[Items from a data source]
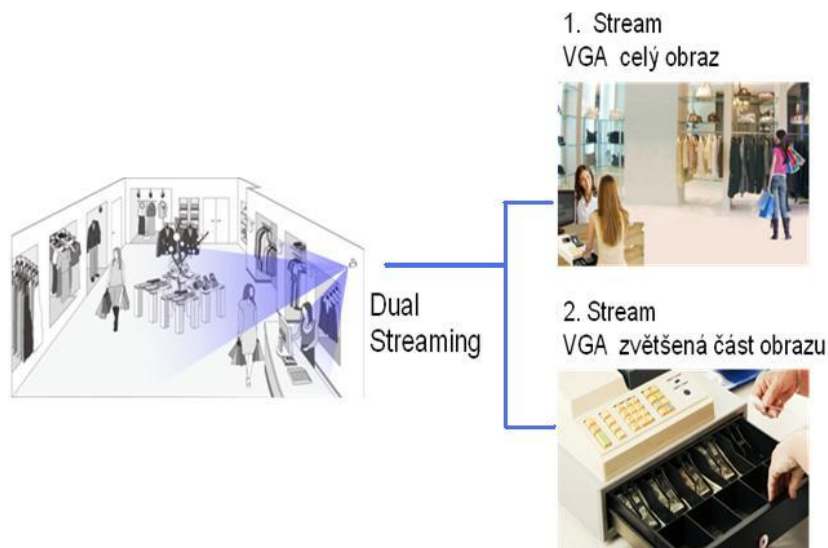

SONY FULL-HD IP KAMERY
IPELA™ S DUÁLNÍM STREAMEM

SNC-CH210
SNC-DH210 (T)

Kompaktní kamery Sony s vysokým rozlišením **Full-HD (1920 x 1080)** a duálním streamem. Vestavěný kodér JPEG, MPEG-4 a H.264. Kamery jsou osazeny CMOS čipem typu „Exmor™“.

Vybrané základní vlastnosti kamer:

- Vysoké rozlišení Full-HD 1920x1080 pixel, rozlišení 1280x720 při rychlosti 30 snímků / sec.
- „Exmor“ CMOS čip s vysokou citlivostí
- Redukce šumu
- DEPA technologie pro detekci pohybu v obraze
- Napájení PoE
- Tři formáty kódování H.264, MPEG-4 a JPEG
- Otevřená platforma ONVIF
- Duální stream
- Zobrazení ve formátu 4:3 nebo 16:9
- Funkce „Stream Squared“ umožňující přenášet dva nezávislé výřezy z celkového záběru ve formátu 4:3 a rozlišení SD.
- Ke kameře je zdarma dodáván záznamový software RSM Ad ve verzi Lite
- Dvě barevná provedení, bílá a černá

Kamera **SNC-DH210T** je v provedení **IK10 antivandal**

Funkce **Stream Squared**

_BRIEF_
Nothing but the lines from the one with "- Tři formáty kódování H.264, MPEG-4 a JPEG" through the last line of the data should appear; print them exactly.

_TASK RESPONSE_
- Tři formáty kódování H.264, MPEG-4 a JPEG
- Otevřená platforma ONVIF
- Duální stream
- Zobrazení ve formátu 4:3 nebo 16:9
- Funkce „Stream Squared“ umožňující přenášet dva nezávislé výřezy z celkového záběru ve formátu 4:3 a rozlišení SD.
- Ke kameře je zdarma dodáván záznamový software RSM Ad ve verzi Lite
- Dvě barevná provedení, bílá a černá

Kamera **SNC-DH210T** je v provedení **IK10 antivandal**

Funkce **Stream Squared**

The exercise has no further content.